The dialectic between society and nature is a long lasting, tumultuous one.
Humans have learned how to survive it, prevail it, and eventually colonise it. We felt the urge to dominate its sublime power and its wilderness, but what really characterised this troubled relationship is the state of constant dependency that human has toward nature.
Coal and gas have shaped our current economy since the beginning of it; they have been the core elements of capitalism, of the development of the 20th century city, they have been at the base of our mode of transportation. In simple words, they shaped our understanding of time. In light of the extreme exploitation of these geological elements for a fast and efficient progress of society, we alienated ourselves from nature and from its pace.

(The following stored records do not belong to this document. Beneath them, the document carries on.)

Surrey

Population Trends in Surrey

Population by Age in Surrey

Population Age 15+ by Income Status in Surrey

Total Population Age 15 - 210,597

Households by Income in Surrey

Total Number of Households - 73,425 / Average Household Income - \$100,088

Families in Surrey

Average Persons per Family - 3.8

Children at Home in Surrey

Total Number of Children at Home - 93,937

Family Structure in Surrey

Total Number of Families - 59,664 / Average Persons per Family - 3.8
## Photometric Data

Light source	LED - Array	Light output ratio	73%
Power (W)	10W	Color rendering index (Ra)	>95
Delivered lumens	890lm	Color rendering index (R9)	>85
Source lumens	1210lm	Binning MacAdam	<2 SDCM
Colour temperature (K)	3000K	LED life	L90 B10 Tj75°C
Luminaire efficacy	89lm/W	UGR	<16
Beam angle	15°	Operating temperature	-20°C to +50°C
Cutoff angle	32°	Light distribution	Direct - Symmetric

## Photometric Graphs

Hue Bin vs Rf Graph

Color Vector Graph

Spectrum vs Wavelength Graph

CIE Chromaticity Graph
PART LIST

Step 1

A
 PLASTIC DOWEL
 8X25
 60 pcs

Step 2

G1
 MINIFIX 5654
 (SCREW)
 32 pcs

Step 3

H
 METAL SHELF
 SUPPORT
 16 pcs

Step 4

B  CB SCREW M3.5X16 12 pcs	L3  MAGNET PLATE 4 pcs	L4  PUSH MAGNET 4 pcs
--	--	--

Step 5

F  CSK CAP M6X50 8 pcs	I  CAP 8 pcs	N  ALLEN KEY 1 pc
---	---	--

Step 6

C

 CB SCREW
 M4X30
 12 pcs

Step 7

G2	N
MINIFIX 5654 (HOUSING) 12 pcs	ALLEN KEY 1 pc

According to Marxist political theorist Frederic Jameson, postmodernity is precisely this, the disappearance of time and nature. Yet, something seemed to change in the last couple of decades, the relationship with fossil fuels has started to totter; the assets are not so secure anymore. Nature is gradually revealing itself again, this time aggressively and unpredictably.

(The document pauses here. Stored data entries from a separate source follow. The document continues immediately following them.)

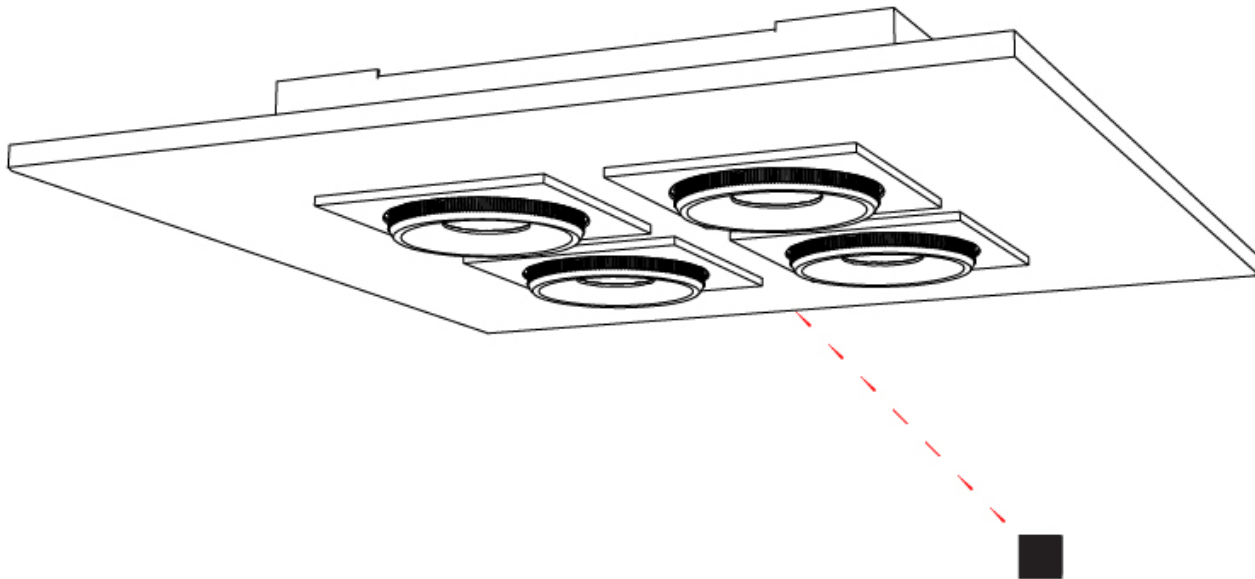

MARC SQUARE 4 SURFACE

D92123

PROJECT	_____
TYPE	_____
SPECIFIER	_____
QUANTITY	_____
DATE	_____

D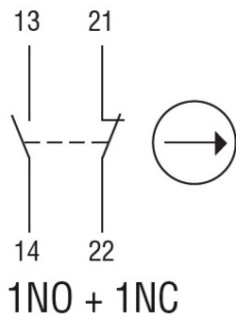

Slow action

**LOVATO LIMITATOR DE CURSA, K SERIES, HINGE OPERATING, 1  
BOTTOM CABLE ENTRY. DIMENSIONS TO EN 50047, PLASTIC BODY,  
CONTACTS 1NO+1NC SLOW BREAK. LONG SOLID SHAFT WITH  
REDUCTION**

EXPANSION MODULE EXP SERIES FOR FLUSH-MOUNT PRODUCTS, 2  
DIGITAL/RESISTIVE INPUTS, 2 STATIC OUTPUTS  
Pret: 241,32 lei (TVA inclus)

Detalii online: <https://www.materialelectrice.ro/limitator-de-cursa-k-series-hinge-operating-1-bottom-cable-entry-dimensions-to-en-50047-plastic-body-contacts-1no-1nc-slow-break-long-solid-shaft-with-reduction-125079>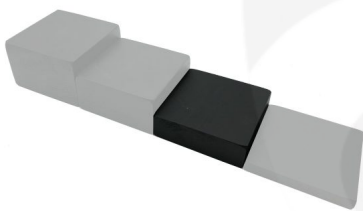

BLACK BLOCK RISER 145X145X45

SKU: RBPIN14514545BK

£18.81 Excl. VAT

GALLERY IMAGES

BLACK BLOCK RISER 145X145X45

This Black Painted Block Riser 145x145x45 is the 2nd lowest of a [set of 4 Black block risers](#). Made in pine and available in a selection of colours these risers are great for displaying merchandise.

ADDITIONAL INFORMATION

Dimensions	145 × 145 × 45 mm
Colour	Black
Wood	Pine
Finish	Painted

In the book 'Fossil Capital: The Rise of Steam Power and the Roots of Global Warming' (Verso, 2016), author Andreas Malm retraces the historical moments that originated the raise of temperatures in these first decades of the 21st century. It narrates the economical decisions that undoubtedly affected the natural catastrophes that the world is facing now. In his book, Andreas Malm attempt to deconstruct the passage from the postmodern to the warming condition, what has changed, but most of all, what can we do now to address this return of time and nature?